Fourier analysis comprises a set of fundamental concepts used in many scientific fields, including computer science, electrical engineering, physics, astronomy, geology and medical imaging. This book will deepen your understanding of Fourier transform and spectral analysis, making it easier to advance to more complex topics. With numerous examples, detailed explanations and plots, this book will help you understand Fourier analysis like never before.
We start with the development of Fourier series using harmonic sinusoids to represent periodic signals in continuous and discrete-time domains.
From here, we examine how and why the complex exponential is used to represent the Fourier series basis functions.
Next, we describe the development of the CTFT and the DTFT for non-periodic signals.
We show how the DTFT is modified to develop the Discrete Fourier Transform (DFT), the most used type of the Fourier transform.
We look at the properties and limitations of the DFT and its algorithmic implementation, the Fast Fourier transform (FFT).
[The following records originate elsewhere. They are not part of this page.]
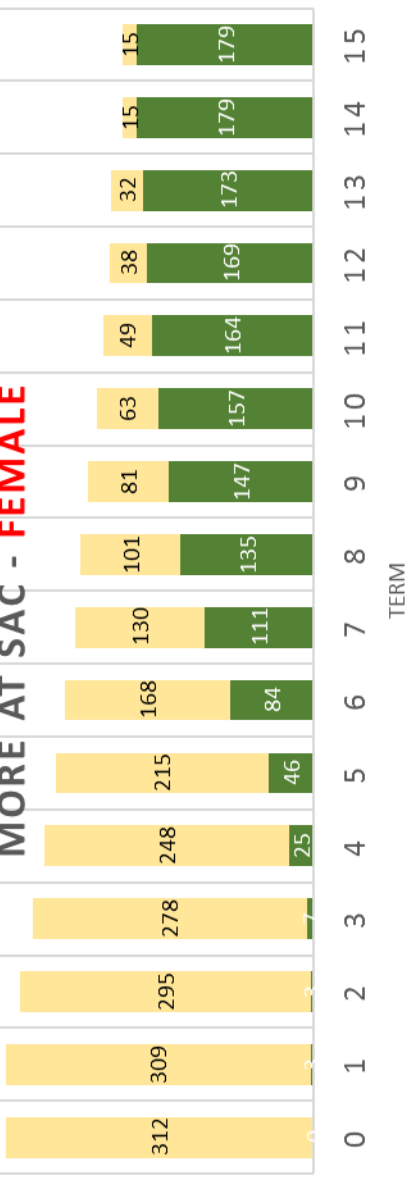

FIRST TIME FRESHMAN ENTERING FALL 2009 - SUMMER 2010

"PREPARED" STUDENTS, ACHIEVED 15 UNITS OR MORE AT SAC

53% have earned a degree or certificate by the 15th term.

42% were gone without a degree or certificate.

Mean time to certificate = 4 years (8 terms)

Mean time to degree = 3.6 years (7.2 terms)

* Prepared students = Students that enter SAC at college level in English and Math

FIRST TIME FRESHMAN ENTERING FALL 2009 -

Earned degree or certificate by 7th term: **39%**

FIRST TIME FRESHMAN ENTERING FALL 2009 -

SUMMER 2010

"PREPARED" STUDENTS, ACHIEVED 15 UNITS OR MORE AT SAC - **WHITE**

Earned degree or certificate by 7th term: **32%**

FIRST TIME FRESHMAN ENTERING FALL 2009 -

SUMMER 2010

"PREPARED" STUDENTS, ACHIEVED 15 UNITS OR

MORE AT SAC - **FEMALE**

■ Earned Degree or Certificate ■ Students remaining enrolled

Earned degree or certificate by 7th term: **36%**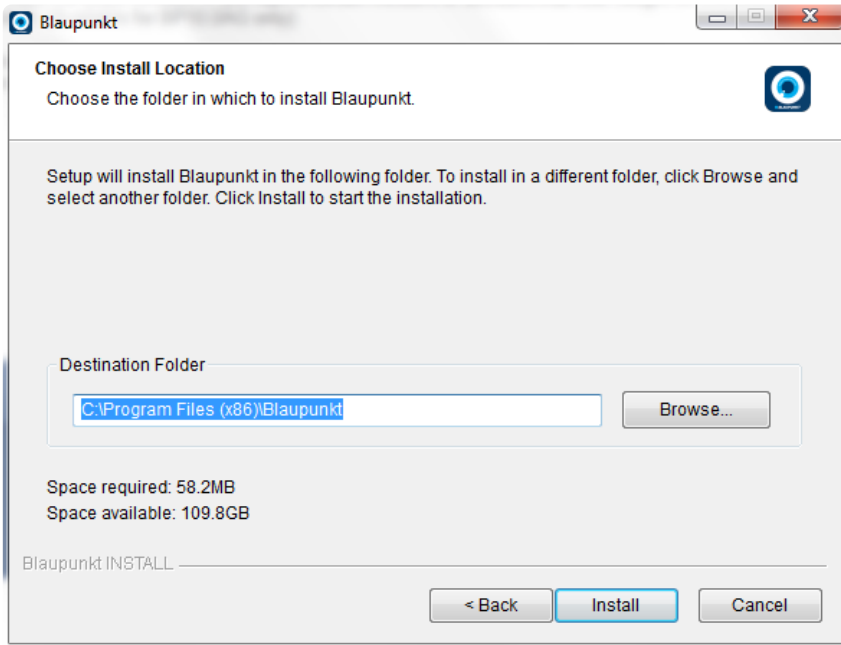

Step 2

On your PC, go to the following [link](#) or visit blaupunkt.asia and search for BP10.1A/AG Downloads to download the PC Viewer. (Skip this step if you have already downloaded file)

Step 3

Click 'Run' to start installation process.

Step 4

Click 'Next' to proceed.

Step 5

Click 'Install' to complete the process.

Step 6

Wait for the installation to be complete.

Step 7

Click 'Finish'.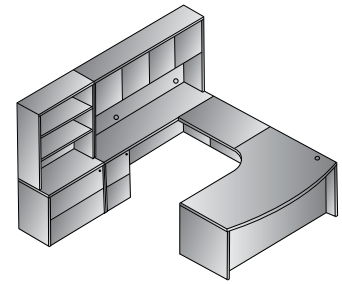

Left U w/Corner + Storage 108"x102"
SON-TYP15L
56.7 cu. ft. 886.3 lbs.
Consists of: SON-87L,65,93, 43,75,44,12,55
$11,315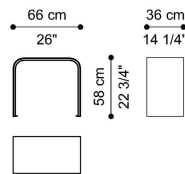

Lower element in curved multilayer wood veneered in essence from the collection, or lacquered in the finishings from the collection.

Brass plate with RC monogram on table side.

DIMENSIONS

NIGHT TABLE

C.WAT.321.A

L 60 D 45 H 48 CM

NIGHT TABLE

C.WAT.232.B

L 66 D 36 H 58 CM

STRUCTURE

WOOD

Desert lacquered wood - Matt

Ivory lacquered wood - Matt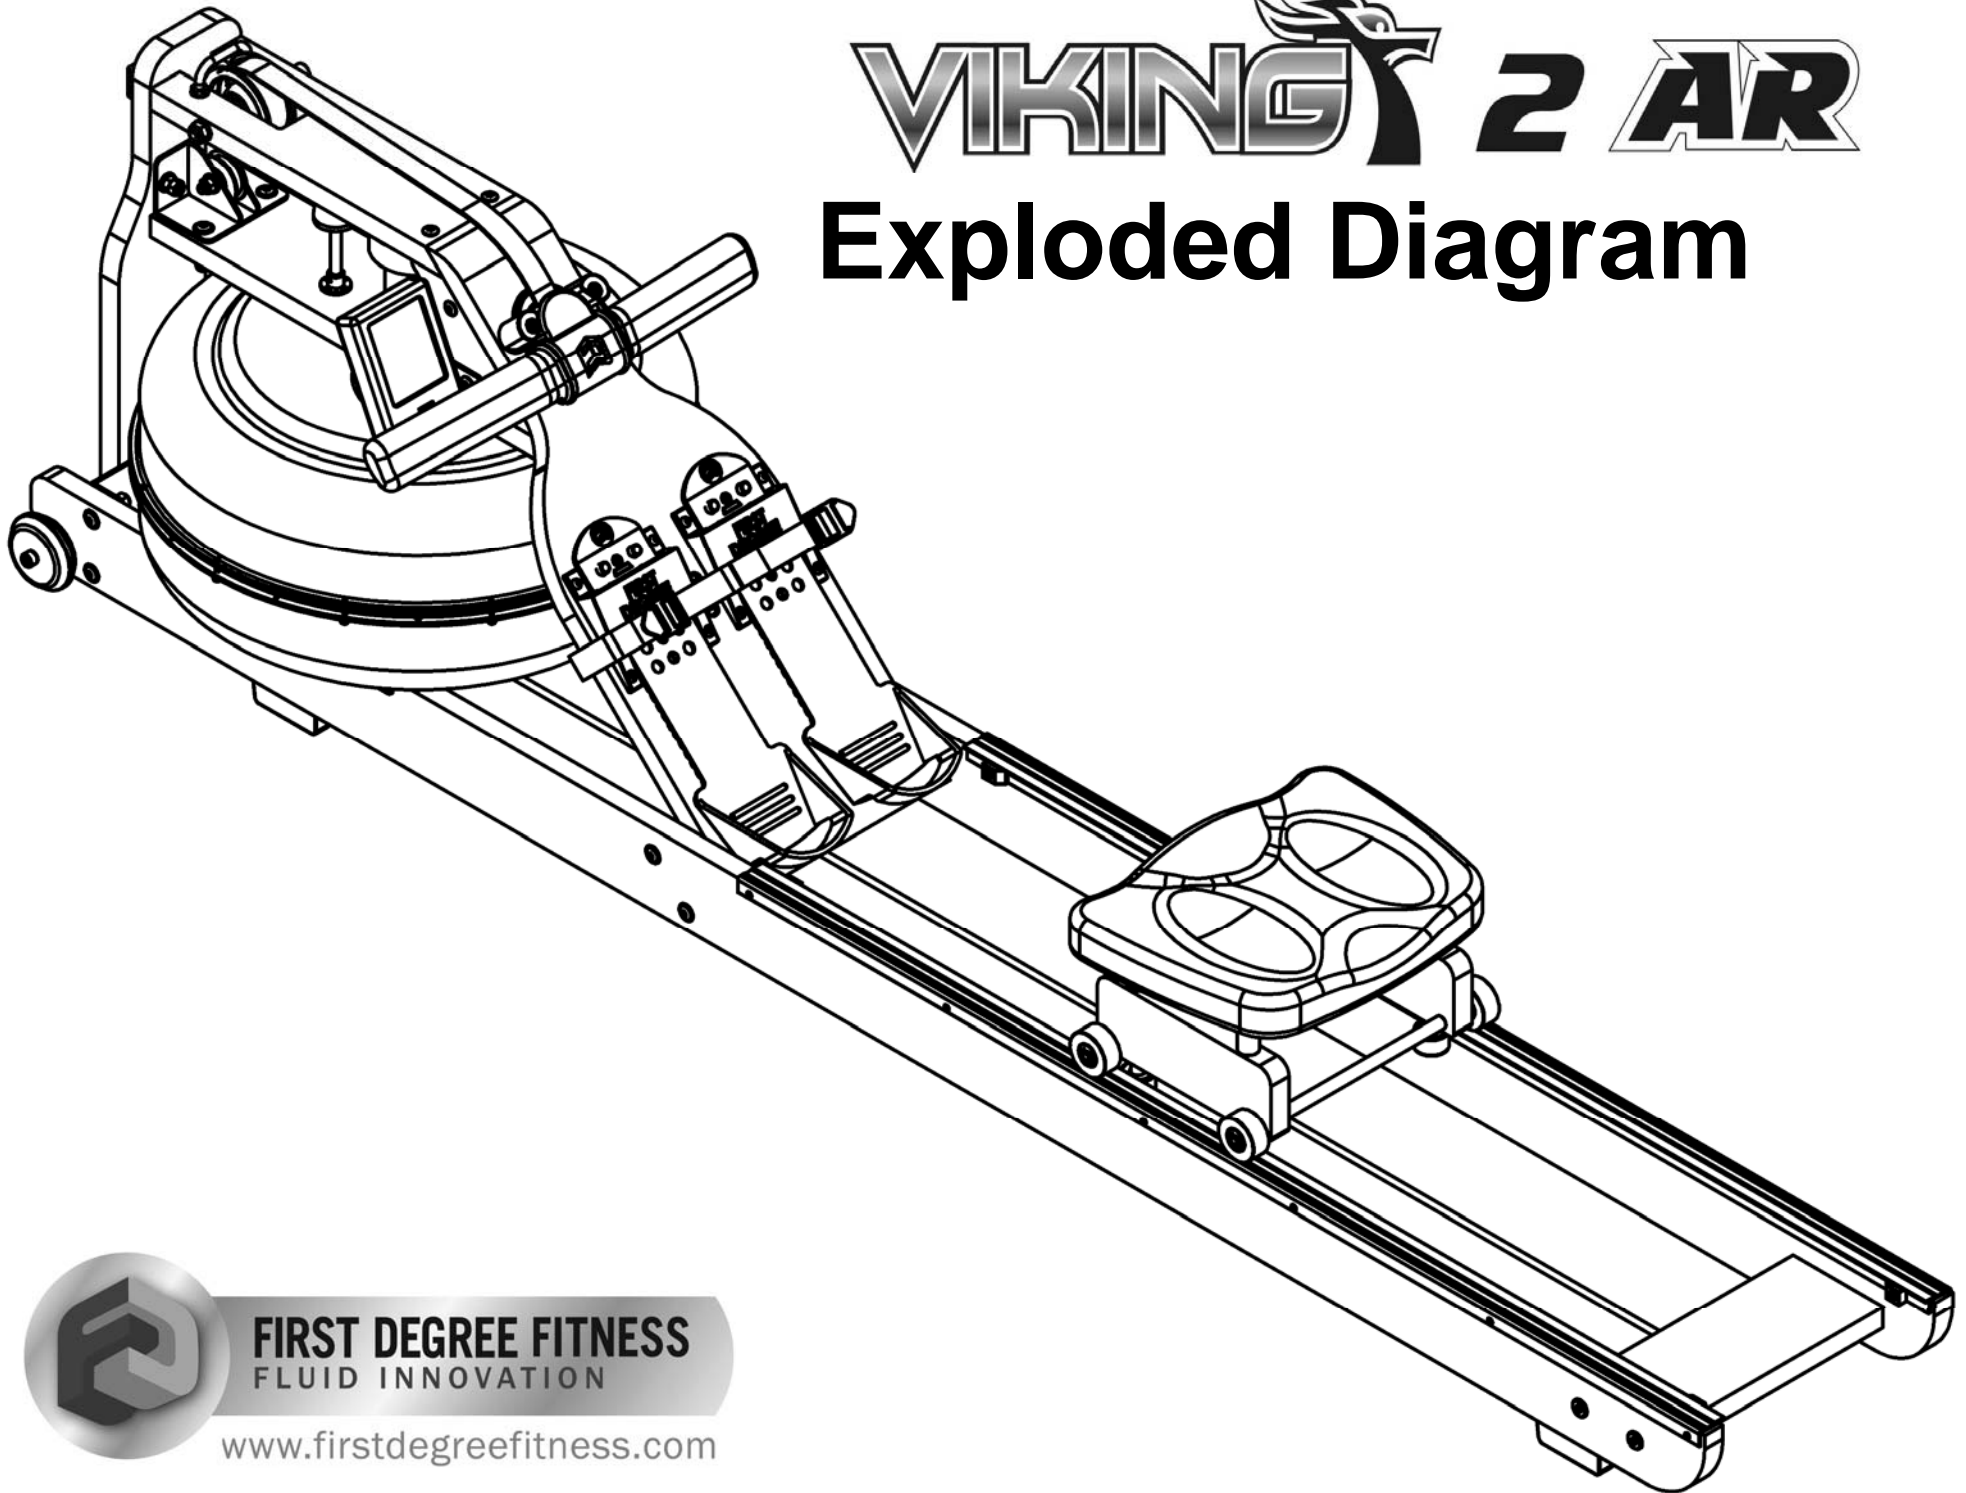

VIKING 2 AR

Exploded Diagram

FIRST DEGREE FITNESS
FLUID INNOVATION

www.firstdegreefitness.com

62811	8	Dome Head Bolt M8x45 - B
62812	1	Hex Head Bolt M6x15 - B
62817	2	Hex Head Bolt M6x65 - B
62819	4	Hex Head Bolt M8x60 - B
65820	1	Bungee Hook Bracket Complete
65921	16	Washer 8.5x19x1.6t - B
65924	1	Bungee Rope 8mm x 2230 & Crimped End #65922
65931	4	Nylock Nut M8 -B
66052	1	Bar Catch
66357	1	Rear Board 268x115x23
66066	6	Shoulder Screw M6x15
66070	2	Transport Wheel
A076		Deluxe Belt Handle Complete
A078		AR Tank Complete Assembly
A102		Side Rail Assembly L/R
A106		Seat Assembly Complete

We will also examine the use of Windows to reduce leakage due to the unavoidable truncation effect.
We examine the applications of the DFT/FFT to random signals and the role of auto-correlation function in the development of the power spectrum. This topic is rarely covered in books and yet is the main reason why we do Fourier analysis.
Lastly, we discuss methods of spectral power estimation. We'll focus on non-parametric power estimation of stationary random signals using the Periodogram and the Autopower. This is the most important part of this book.